ANALYSIS
James Murdoch – and his father as a consequence – has come in for a barrage of criticism over his handling of the whole phone hacking saga which at one point appeared to be on the verge of bringing to an end the British operation of the Murdoch Media Empire.
So, as the young Murdoch sat in front of a white screen today to answer questions about the affair which began in the publics eyes with the hacking of the voice mails of the missing school girl, the hauntingly tragic Milly Dowler, he cut a rather apologetic figure.
Clearly not at ease with the line of questioning or even being called to account for his actions, he denied any knowledge of an e-mail which claimed phone hacking was rife at the News of the World, the Sunday Tabloid that was closed down as a result of the public fury about that intrusion into the grief of the Dowler family.
He did this on oath before Lord Justice Leveson.
James Murdoch also denied he was involved in a corporate cover-up, blaming senior executives for not telling him of what was really going in the newsroom of the News of the World.
On that last part, at the very least, he is right – the Murdochs do not interfere in the content of their publications or how they find their stories, they don’t need to – every executive is hired for how similar they are to the way in which they think to the head of this global media empire, namely Rupert Murdoch.
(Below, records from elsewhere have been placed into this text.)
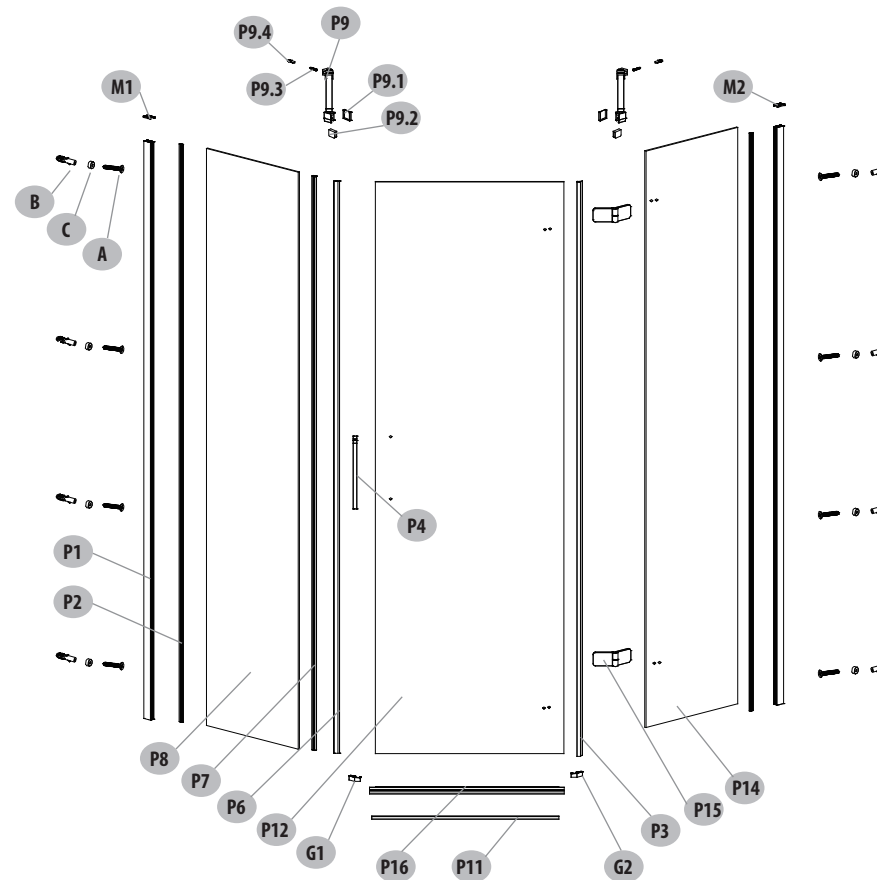

SHOWER ENCLOSURE PENTAGONAL JOTA GOLD 80X80X195 RIGHT
KABINA PRYSZNICOWA PIĘCIOKĄTNA JOTA ZŁOTA 80X80X195 PRAWA

No.	Quantity in set	Catalogue code	Polish	English
Nr	Ilość w zestawie	Kod katalogowy	Polski	Angielski
P1	2	S160-048	PROFIL U PIONOWY PRZYŚCIENNY JOTA ZŁOTA	WALL U VERTICAL PROFILE JOTA GOLD
P2	2	S1046-002	ZESTAW USZCZELEK DO KABINY JOTA 5-KĄTNA ZŁOTA	SET OF GASKET FOR JOTA PENTAGONAL GOLD
P3	1			
P6	1			
P7	1			
P16	1			
P4	1	S160-069	UCHWYT METALOWY KABINY JOTA ZŁOTA P4	METAL HANDLE FOR SHOWER JOTA GOLD P4
P8	1	S900-2823	SZKŁO STAŁE DO KABINY JOTA 5-KĄTNA BEZ OTWORÓW 80	FIX GLASS FOR JOTA PENTAGONAL WITHOUT HOLE 80
P9	2	S160-043	WSPORNIK ŚCIENNY JOTA 5-KĄTNA/PÓŁOKRĄGŁA 80 ZŁOTA	SUPPORT BAR FOR JOTA PENTAGONAL/HALFROUND 80 GOLD
P9.1	2			
P9.2	2			
P9.3	2			
P9.4	2			
P11	1	S160-045	LISTWA PROGOWA JOTA 5-KĄTNA ZŁOTA WRAZ Z PLASTIKOWYMI EL. MONTAŻOWYMI	THRESHOLD JOTA PENTAGONAL WITH PLASTIC EL. GOLD
G1	1			
G2	1			
P12	1	S900-2818	SZKŁO RUCHOME DO KABINY JOTA 5-KĄTNA 80/90	MOVING GLASS FOR JOTA PENTAGONAL 80/90
P14	1	S900-2826	SZKŁO STAŁE DO KABINY JOTA 5-KĄTNA Z OTWORAMI 80 PRAWIE	FIX GLASS FOR JOTA PENTAGONAL WITH HOLE 80 RIGHT
P15	2	S160-070	ZAWIAS JOTA ZŁOTA PRAWIE	JOTA GOLD HINGE RIGHT
A	8	S160-090	ZESTAW EL. PLASTIKOWYCH I ŚRUB JOTA ZŁOTA	SET OF PLASTIC ELEMENTS AND SCREW JOTA GOLD
B	8			
C	8			
M1	1			
M2	1			

S160-017
KS1/FR35080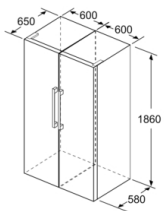

Mål

- Mål: H 186 x B 60 x D 65 cm

Teknisk information

- venstrehængt, vendbar
- Højdejusterbare fødder foran, hjul bagtil

Serie | 2, Køleskab, 186 x 60 cm, hvid

KSV36NWEQ

	a	b	c	d	e	f
KSW36, GSD36	187					
KSV36, KSF36, GSN36, GSV36	186					
KSV33, GSN33, GSV33	176	60	65	58	60	119.5
KSV29, GSN29, GSV29	161					
GSV24	146					
GSN51	161					
GSN54	176	70	78	70	70	142
GSN58	191					

- a Højde
- b Bredde
- c Dybde ved lukket låge uden greb og uden afstandsstykke
- d Skabets dybde uden afstandsstykke
- e Bredde ved åbnet låge uden greb
- f Dybde ved åbnet låge uden greb og uden afstandsstykke

Mål i cm

Mål i mm

Mål i mm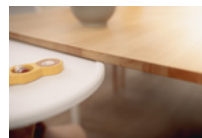

Lifestyle Images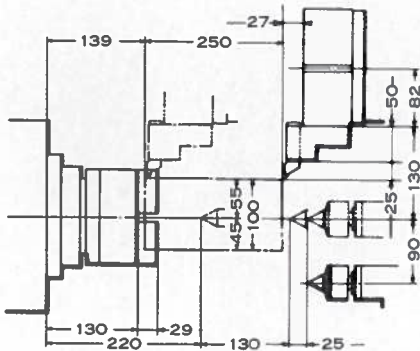

LA REPRISE DE PRÉCISION

KNC 100

CAPACITÉ EN BARRE	Ø 25 mm
CAPACITÉ EN MANDRIN	110 mm
SYSTÈME PORTE-OUTILS	TABLE LINÉAIRE
COURSE X	300 mm
COURSE Z	250 mm
PUISSANCE MOTEUR DE BROCHE	4/5.5 kW CA
VITESSE DE ROTATION	4500 tr/min.
COMMANDE NUMÉRIQUE 32 BITS	MITSUBISHI MELDAS L320

TRAVAIL EN BARRE ET EN MANDRIN

KNC 150

CAPACITÉ EN BARRE	Ø 42 mm
CAPACITÉ EN MANDRIN	Ø 130 mm
LONGUEUR DE TOURNAGE	250 mm
PUISSANCE MOTEUR DE BROCHE	7,5 kW CA
VITESSE DE ROTATION	5 000 tr/min.
TOURELLE	8 POSTES
TEMPS D'INDEXAGE	0,4 sec.
CONTRE-POINTE PROGRAMMABLE	ESCAMOTABLE
COMMANDE NUMÉRIQUE 32 BITS	MITSUBISHI MELDAS L 320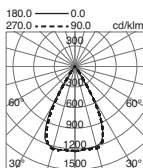

780C-L3108B

h (m)	d (m)	E (lux)
1,00	0,75	1360
2,00	1,50	340
3,00	2,25	151
4,00	3,00	85
5,00	3,75	54

780D-L3108B

h (m)	d (m)	E (lux)
1,00	0,75	1360
2,00	1,50	340
3,00	2,25	151
4,00	3,00	85
5,00	3,75	54

☐ -01 Blanco / White / Blanche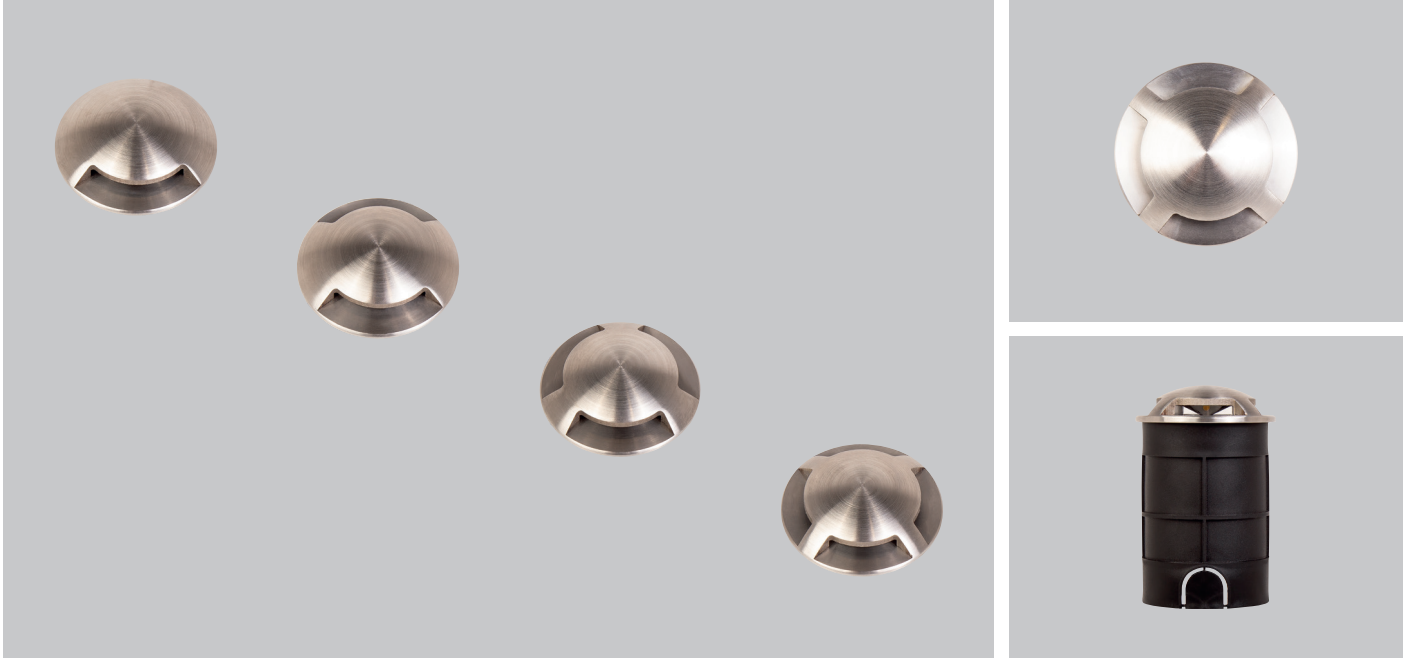

Trace Mini

5 / Product Color / Ürün Renk

Stainless = 07

As for how the stories are found, the buck stops with the Editor.
By common consent, the 39-year-old James Murdoch is no longer the force he once was, his star is no longer on the rise, he has suffered from a lack of experience on the ground floor.
Perhaps, he should have been thrown into the newspaper world doing the rounds before rising so quickly to be head of News International, a position he resigned from in February.
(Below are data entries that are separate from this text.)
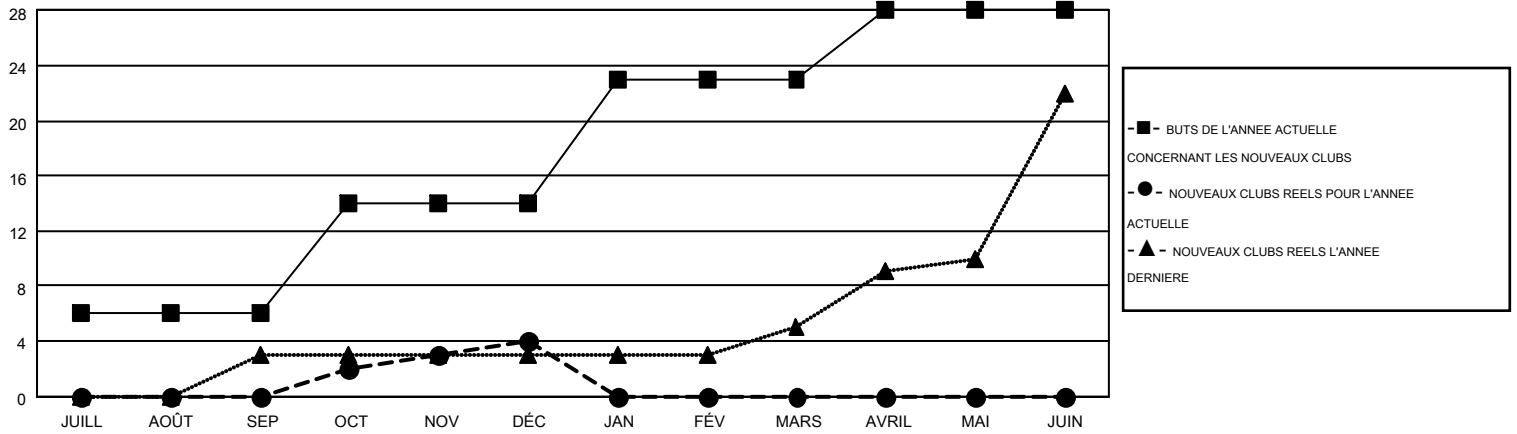

MONTHLY MEMBERSHIP PROGRESS REPORT

Results as of: 12/31/2016

Multiple District 403

LOCATION: GABON REPUBLIC

GMT: NORBERT BATIONO

RC EME 6-Af

Clubs					Membres				
RESULTATS POUR 2016-2017					RESULTATS POUR 2016-2017				
TRIMESTRE	BUT CONCERNANT LES NOUVEAUX CLUBS	NOUVEAUX CLUBS	CLUBS ANNULÉS	GAIN NET/PERTE NETTE	TRIMESTRE	BUT CONCERNANT LES NOUVEAUX MEMBRES	MEMBRES FONDATEURS ET NOUVEAUX AJOUTÉS	MEMBRES RADIÉS	GAIN NET/PERTE NETTE
JUILL/AOÛT/SEP	6	0	2	-2	JUILL/AOÛT/SEP	116	124	178	-54
OCT/NOV/DÉC	8	4	11	-7	OCT/NOV/DÉC	342	390	565	-175
JAN/FÉV/MARS	9	0	0	0	JAN/FÉV/MARS	402	0	0	0
AVRIL/MAI/JUIN	5	0	0	0	AVRIL/MAI/JUIN	238	0	0	0

BUTS ET NOUVEAUX CLUBS REELS - CUMULATIF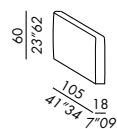

options:

bracciolo - armrest SLIM 60

bracciolo - armrest LARGE 48

bracciolo - armrest LARGE 60

cuscinio schienale - back cushion DECO 80 R

cuscinio schienale - back cushion DECO 50

bracciolo - armrest  
SLIM 60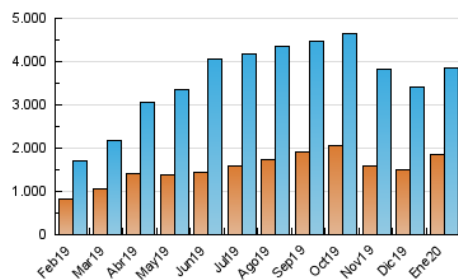

4.3 Por meses

N. únicos / Visitas (x 1000)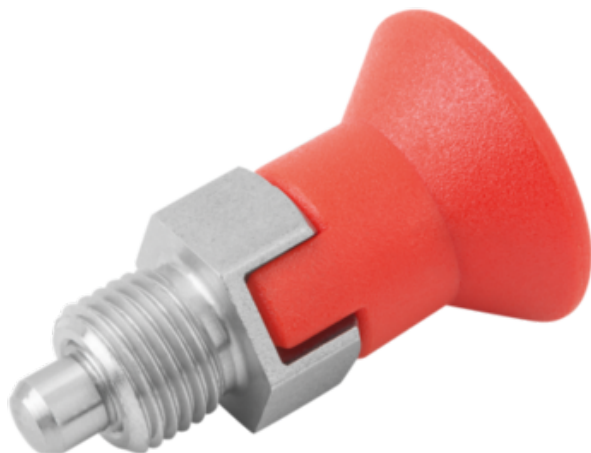

## Trzpień Ustalający z kłami podpierającymi stal nierdzewna niehartowany (03089-1710584) - Norelem

**Numer artykułu SKU:  
OT-NORELEM002979**

Numer artykułu producenta:  
-----

Czas wysyłki: 3-4 dni

## OPIS PRODUKTU

## DANE TECHNICZNE

Powierzchnia korpusu	niehartowany
F x 30°	1,3
S=Skok	5
F2=Siła sprężyny koniec ok. N	12
Kolor komponentów	czerwony RAL 3020
D2	21
Klucz stalowy	1.4305
F1=Siła sprężyny początek ok.	5
D=Średnica trzpienia	5
D1=Gwint	M10X1
L=Długość	34,5
Rozmiar	1
Materiał komponentów	termoplast
Typ produktu	wersja krótka
Wersja 1	z kłami podpierającymi
Form	C
Materiał korpusu	stal nierdzewna
SW1	13
L2	7
L1	8
Nazwa	Trzpień Ustalający
Przeciwnakrętka	bez nakrętki zabezpieczającej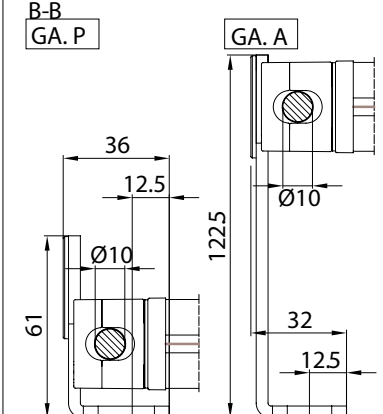

supporto a nicchia / niche bracket
B-B

piedino a pavimento / floor bracket
B-B

Montaggio a Soffitto / Ceiling installation / Installation au plafond / Deckenmontage

modulo doppio
double model

A-A

vista dall'alto / top view

GA Posteriore / GA back
A-A

GA Anterior / GA front
A-A

vista posteriore / rear view

azionamento esterno
external winding

supporto parete / wall bracket

supporto a nicchia / niche bracket

pedino a pavimento / floor bracket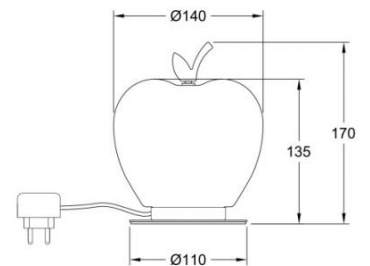

Wendy

Codice	3762-30-155
Tipologia	Tavolo
Designer	Fly Design
Codice a Barre	8019282546313
Tariffa doganale	94052150
Colore	Verde / Ottone satinato
Materiale	Struttura in metallo e vetro soffiato
IP	IP20
Classe di Isolamento	
Dimensioni della Lampada	170mm Ø140mm - 0.6kg
Dimensioni della Scatola	285x200x200mm - 0.9kg
	Sorgente luminosa 1
Sorgente	LED Integrato
Accensione	Regolazione luce al tocco
Flusso Apparecchio	780 lm
Temperatura Colore	Warm white 3000K
Classe Energetica	
	Specifica elettrica 1
Tensione di Alimentazione	230 Vac 50Hz
Potenza Totale Assorbita	8W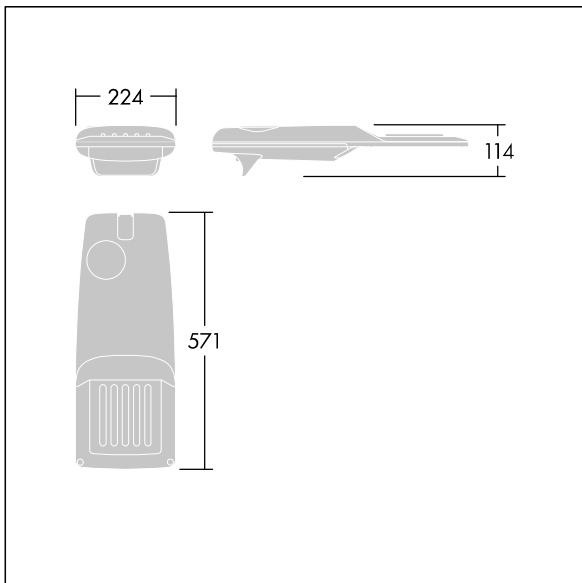

Isaro Pro

THORN

96275915 IP 12L35-740 EWR M BS 3550 CL2 M60 ANT

Isaro Pro

En moderne LED-veilylsarmatur (liten) med 12 LED som drives av 350mA med Ekstra bredstrålende veioptikk. Programmerbar LED-driver. Klasse II elektrisk, IP66, IK09. Armaturhus: presstøpt aluminium (EN AC-44300), pulverlakkert teksturert antracitgrå (nær RAL7043). Utligger: presstøpt aluminium (EN AC-44300), pulverlakkert antracitgrå (nær RAL7043). Avskjerming: 5 mm tykt glass. Fester: rustfritt stål. Leveres med Ø60 mm festeanordningsadapter som kan monteres på mastetopp (0°/5°/10°/15°/20° helling) eller utliggerarm (-15°/-10°/-5°/0°/5°/10°/15° helling). Utstyrt med krets for 50% strømreduksjon, effektiv 3 timer før og 5 timer etter en kalkulert midnatt. Kan deaktiveres ved installasjon via en tilgjengelig intern bryter. Med 4000K LED. Overspenningsvern: 10 kV enkeltimpuls fellesmodus og 8 kV flerimpuls fellesmodus og 6 kV flerimpuls differensialmodus. Hvis permanent DALI-system er tilkoblet, 6 kV flerimpuls felles- og differensialmodus.

Mål: 571 x 224 x 114 mm
Luminaire input power: 13,2 W
Lysutbytte fra armatur: 2102 lm
Armatureffektivitet: 159 lm/W
Vekt: 5,48 kg
Vindflate: 0.05 m²

TLG_ISRP_F_PDB_ANT.jpg

TLG_ISRP_M_LD1.wmf

Dette produktet inneholder en lyskilde med energieffektivitetsklasse D.

There’s nothing like the school of hard knocks, to toughen up anyone who wants to make it in this often harsh world.
James Murdoch also said that it was News Corporation’s long-held ambition to get hold of the remaining shares of BSkyB, what the Murdoch’s intend to do with newspapers they own he did not say, although another thing that has also emerged from the Leveson Inquiry is the decline of the newspaper industry as a whole, something that frankly can be seen by the content that passes off as political, international or general reporting in newspapers generally.
Here is an arena where to show intelligence is frowned upon, and where too much time – in terms of hours allocated to reporters – is spent on gossip and side issues with the result that coverage is generally superficial.
Newspapers should be here to inform their readers, especially now when major reforms are occurring in education, health and welfare at a time when the government is warning that austerity cuts have not even begun. And on the world stage, major confrontations are looming with Iran and China, as well as a financial crisis in Europe which has engulfed every member of the Euro-zone and whose long-term consequence could affect this country’s standing in the world.
If, and when this is covered in newspapers over here, it is through the peculiar prism of a very narrow news agenda in a language that few actually understand.
What’s more newspapers have shown themselves to be very resistant to changes that are clearly occurring in front of them, namely people as they become more confident in their use of the internet can ignore them as a source of news.
Perhaps, Murdoch was in part responsible for this decline.
However, that eighty-one-year-old Australian did not own all of the publications whose daily headlines remind us how out of touch they are with events over here and further.